Exercise description:
If a line of the data below contains the string "available", count it, then state the total alone.

=======

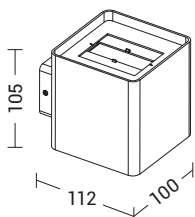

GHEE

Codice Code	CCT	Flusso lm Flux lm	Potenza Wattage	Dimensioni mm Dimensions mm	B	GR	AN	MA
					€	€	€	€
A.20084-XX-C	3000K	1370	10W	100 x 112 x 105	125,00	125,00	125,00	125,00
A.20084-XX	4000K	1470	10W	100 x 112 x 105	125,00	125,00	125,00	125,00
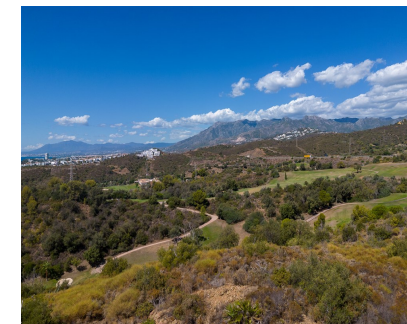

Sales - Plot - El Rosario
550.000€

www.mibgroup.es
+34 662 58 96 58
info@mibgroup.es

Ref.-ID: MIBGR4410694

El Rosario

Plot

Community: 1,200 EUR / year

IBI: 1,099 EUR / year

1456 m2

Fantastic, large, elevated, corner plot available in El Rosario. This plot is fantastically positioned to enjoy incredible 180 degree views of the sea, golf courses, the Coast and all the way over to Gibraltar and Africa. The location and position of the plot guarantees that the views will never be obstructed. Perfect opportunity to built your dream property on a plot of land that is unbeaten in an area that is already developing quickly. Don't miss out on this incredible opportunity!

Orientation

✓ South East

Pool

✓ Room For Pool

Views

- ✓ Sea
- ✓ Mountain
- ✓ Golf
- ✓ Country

=======

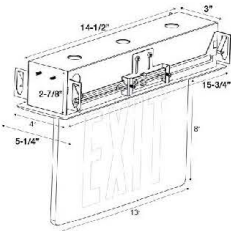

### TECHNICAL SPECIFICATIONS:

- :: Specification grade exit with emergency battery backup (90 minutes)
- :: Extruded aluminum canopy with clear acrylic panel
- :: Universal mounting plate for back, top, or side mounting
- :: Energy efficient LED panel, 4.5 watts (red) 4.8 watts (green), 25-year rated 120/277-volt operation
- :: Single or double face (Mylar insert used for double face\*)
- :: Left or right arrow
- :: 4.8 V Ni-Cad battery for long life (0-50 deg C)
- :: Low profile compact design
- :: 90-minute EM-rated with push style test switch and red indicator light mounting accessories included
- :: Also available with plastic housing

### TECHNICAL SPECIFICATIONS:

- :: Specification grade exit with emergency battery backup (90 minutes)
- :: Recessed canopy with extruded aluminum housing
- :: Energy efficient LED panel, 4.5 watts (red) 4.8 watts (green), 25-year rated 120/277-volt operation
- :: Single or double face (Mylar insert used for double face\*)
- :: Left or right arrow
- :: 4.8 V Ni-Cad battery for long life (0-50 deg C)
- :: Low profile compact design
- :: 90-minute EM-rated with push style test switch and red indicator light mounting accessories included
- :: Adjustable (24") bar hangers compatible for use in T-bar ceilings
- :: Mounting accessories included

=======

Exercise response:
2